━━━ DATA LISTING

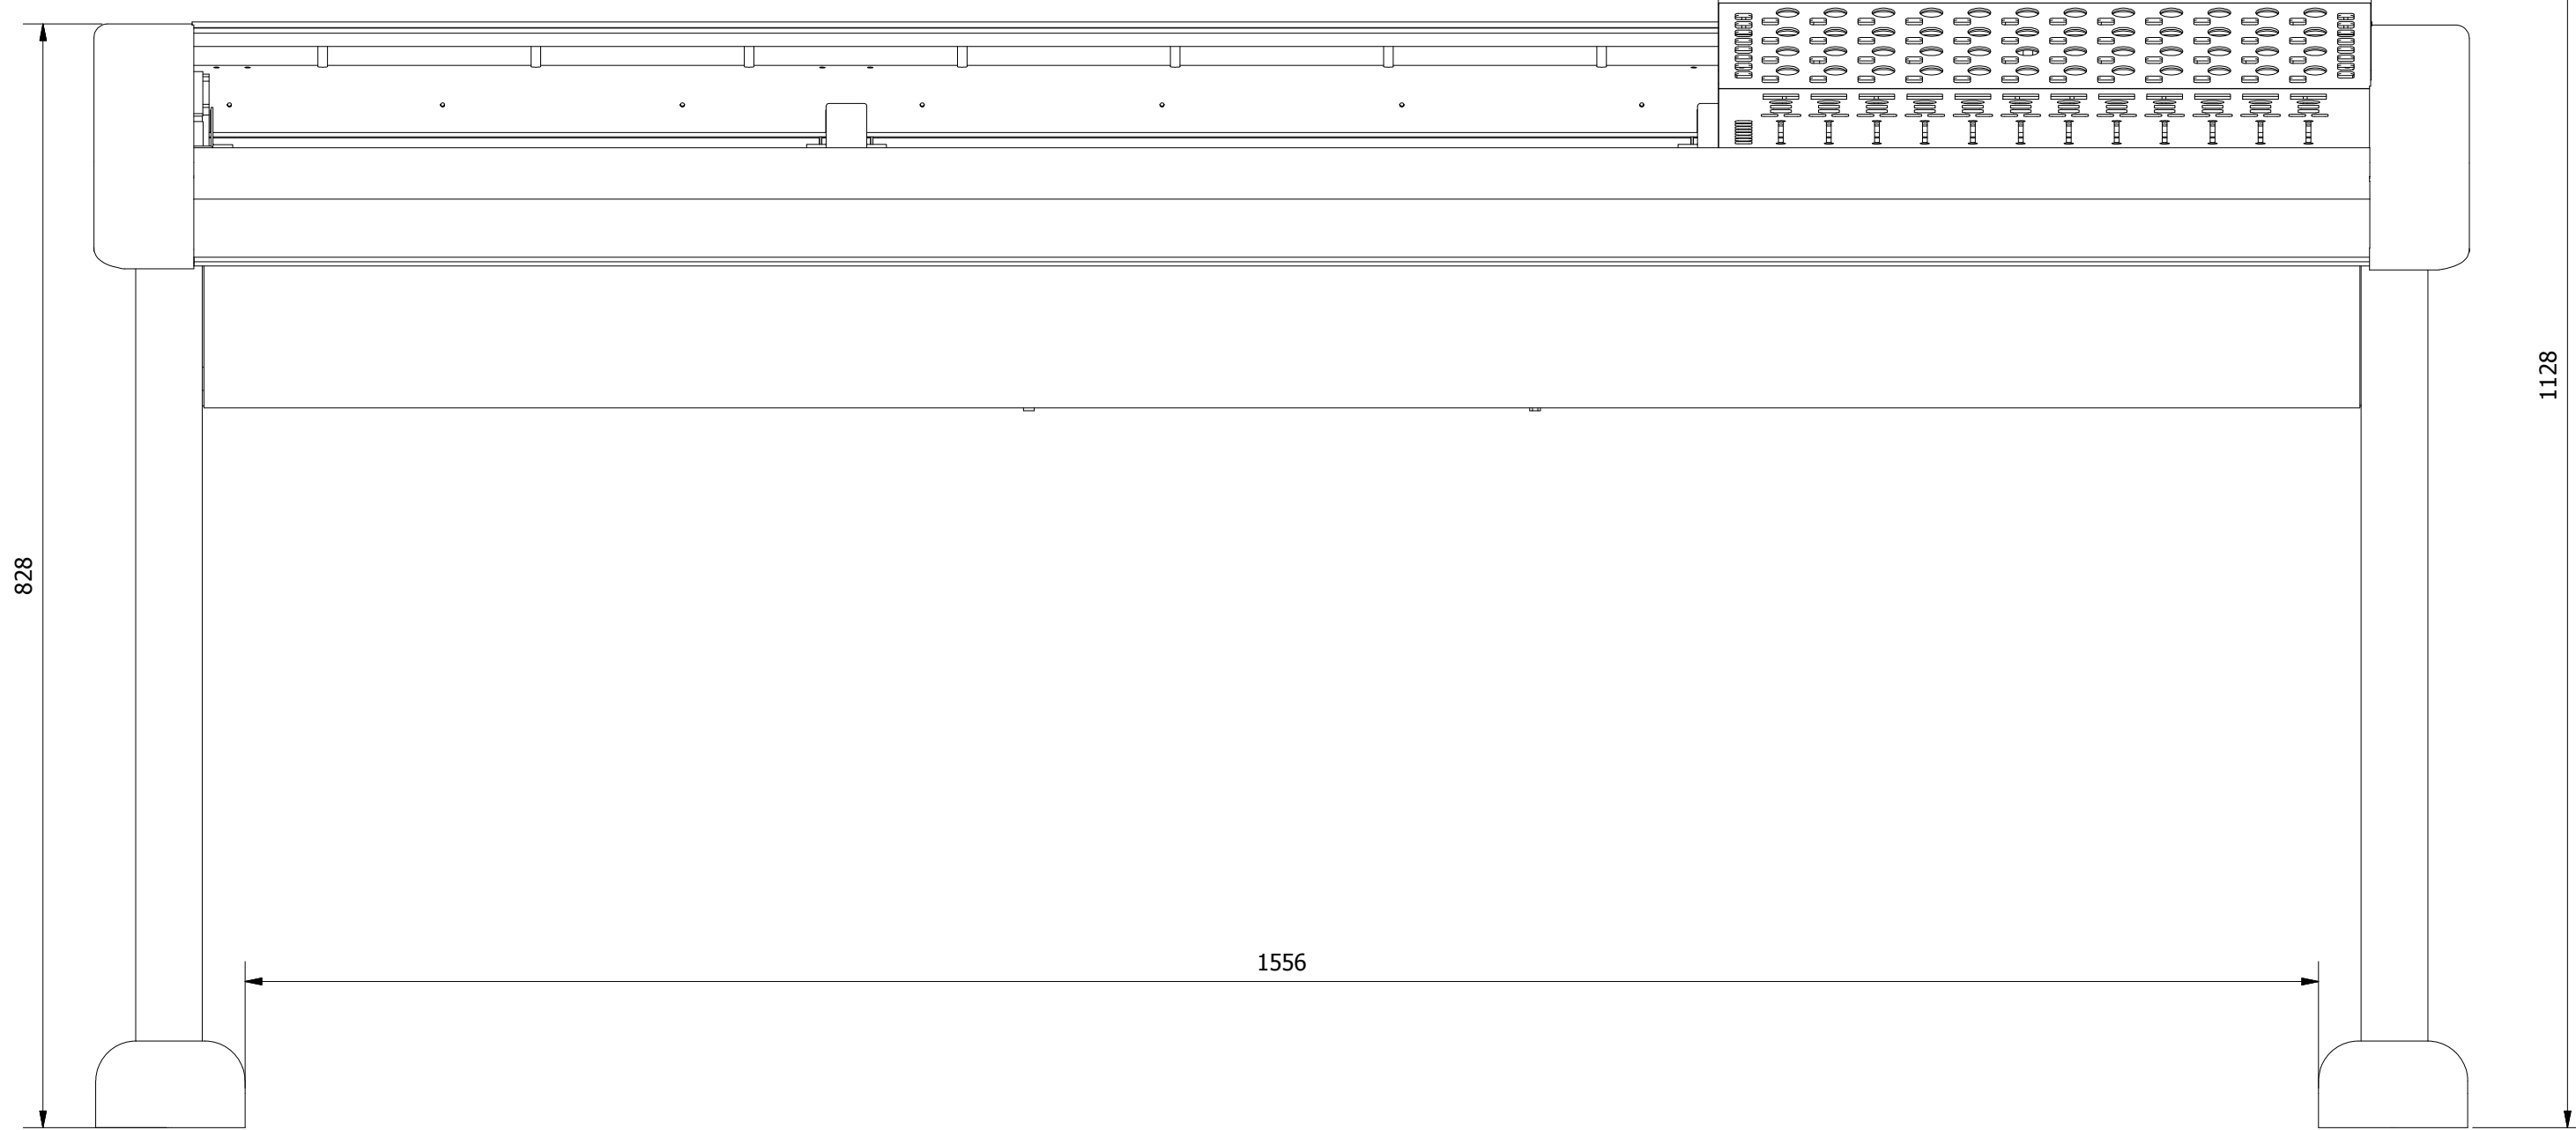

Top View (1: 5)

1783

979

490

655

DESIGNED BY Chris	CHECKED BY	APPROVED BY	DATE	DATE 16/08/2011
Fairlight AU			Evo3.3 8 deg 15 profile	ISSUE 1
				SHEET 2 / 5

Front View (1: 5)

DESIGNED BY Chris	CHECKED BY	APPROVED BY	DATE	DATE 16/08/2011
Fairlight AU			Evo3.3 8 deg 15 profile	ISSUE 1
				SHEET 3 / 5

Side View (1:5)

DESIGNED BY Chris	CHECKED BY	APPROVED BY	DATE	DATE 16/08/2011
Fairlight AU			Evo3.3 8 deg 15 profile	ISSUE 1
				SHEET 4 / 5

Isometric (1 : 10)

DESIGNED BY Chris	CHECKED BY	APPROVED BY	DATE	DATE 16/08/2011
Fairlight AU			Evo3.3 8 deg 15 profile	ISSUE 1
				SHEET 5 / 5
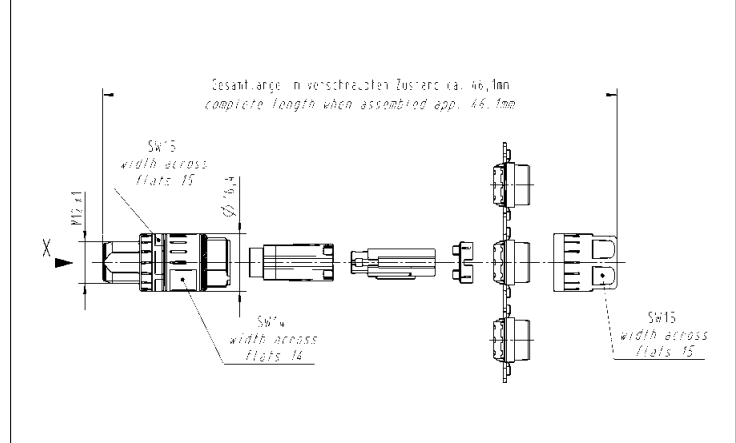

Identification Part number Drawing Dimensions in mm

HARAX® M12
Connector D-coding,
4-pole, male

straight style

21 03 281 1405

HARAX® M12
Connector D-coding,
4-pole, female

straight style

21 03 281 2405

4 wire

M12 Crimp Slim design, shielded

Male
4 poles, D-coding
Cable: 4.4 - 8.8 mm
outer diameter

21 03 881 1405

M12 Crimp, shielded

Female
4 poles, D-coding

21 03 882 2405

━━━━━━

Line by line, print the records exactly, leaving the pictures behind.

- [RESPONSE TO THIS TASK]
Top View (1: 5)

1783

979

490

655

DESIGNED BY Chris	CHECKED BY	APPROVED BY	DATE	DATE 16/08/2011
Fairlight AU			Evo3.3 8 deg 15 profile	ISSUE 1
				SHEET 2 / 5

Front View (1: 5)

DESIGNED BY Chris	CHECKED BY	APPROVED BY	DATE	DATE 16/08/2011
Fairlight AU			Evo3.3 8 deg 15 profile	ISSUE 1
				SHEET 3 / 5

Side View (1:5)

DESIGNED BY Chris	CHECKED BY	APPROVED BY	DATE	DATE 16/08/2011
Fairlight AU			Evo3.3 8 deg 15 profile	ISSUE 1
				SHEET 4 / 5

Isometric (1 : 10)

DESIGNED BY Chris	CHECKED BY	APPROVED BY	DATE	DATE 16/08/2011
Fairlight AU			Evo3.3 8 deg 15 profile	ISSUE 1
				SHEET 5 / 5

Identification Part number Drawing Dimensions in mm

HARAX® M12
Connector D-coding,
4-pole, male

straight style

21 03 281 1405

HARAX® M12
Connector D-coding,
4-pole, female

straight style

21 03 281 2405

4 wire

M12 Crimp Slim design, shielded

Male
4 poles, D-coding
Cable: 4.4 - 8.8 mm
outer diameter

21 03 881 1405

M12 Crimp, shielded

Female
4 poles, D-coding

21 03 882 2405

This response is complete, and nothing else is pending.